The mask file contains a circle for the source and two rotated boxes that define the grating arms. The source position matches that which we gave to tg_create_mask:
unix% dmlist 1927_evt1_L1a.fits"[cols shape,sky]" data
--------------------------------------------------------------------------------
Data for Table Block REGION
--------------------------------------------------------------------------------
Region Block: Circle(4170.59,4123.34,0)&Box(4097.52,4106.42,0,0)&Box(4095.7,4119.31,0,0)
ROW SHAPE SKY(X,Y)
1 circle ( 4170.589843750, 4123.339843750)
2 rotbox ( 4097.5239257812, 4106.417968750)
3 rotbox ( 4095.6982421875, 4119.3105468750)

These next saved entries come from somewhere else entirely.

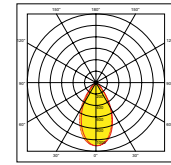

### FASTRFIX™

Push-Fit Wiring  
Terminals

Colour Switchable

4000K

Cat. No.	Watts	Colour	Lumens	lm/W	Beam	Cutout [Ø]
<b>R6CS™ Colour Switchable Triac Dimmable Fixed (IP65 when used with IP65 Bezel)</b>						
<b>AU-R6CSFF</b>	6W	3000-5700K	620lm	103	60°	70mm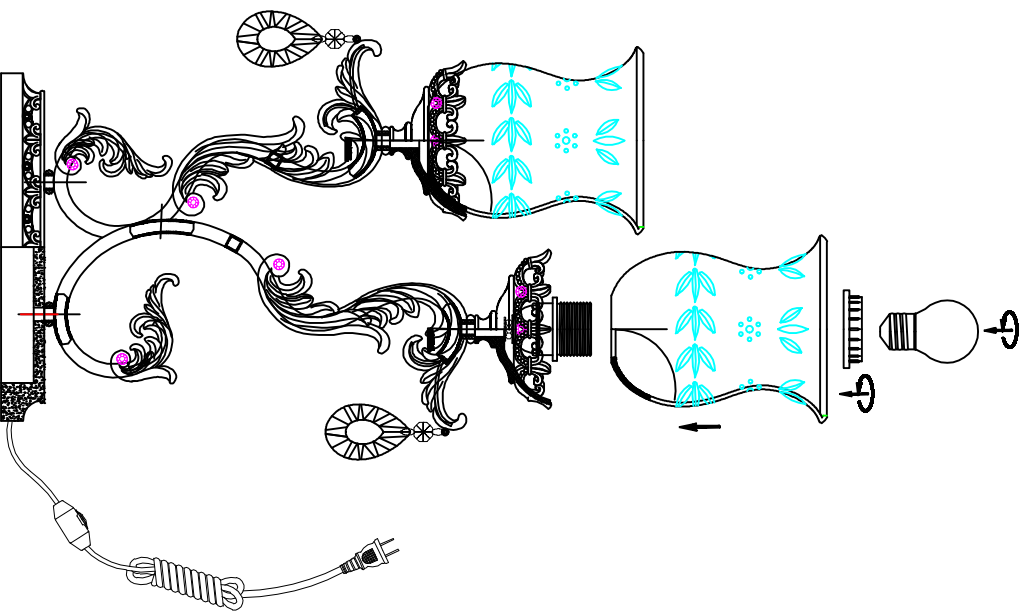

INSTALLATION INSTRUCTION

ART. 2430/2T ODEON LIGHT

2430/2T

E290*540

The mask region can also be overlaid on the event file:
unix% ds9 acisf01927_000N001_evt1.fits &
Then use Region-> Load Regions->
1927_evt1_L1a.fits[REGION] to display the regions. Figure 4 shows the result.
Creating a New Spectrum
Now that an accurate mask file exists, there will not be any issue with the source location in the rest of the spectral extraction process. From this point, continue with the grating analysis from the "Run tg_resolve_events" step of the HETG/ACIS-S or LETG/ACIS-S grating spectra thread.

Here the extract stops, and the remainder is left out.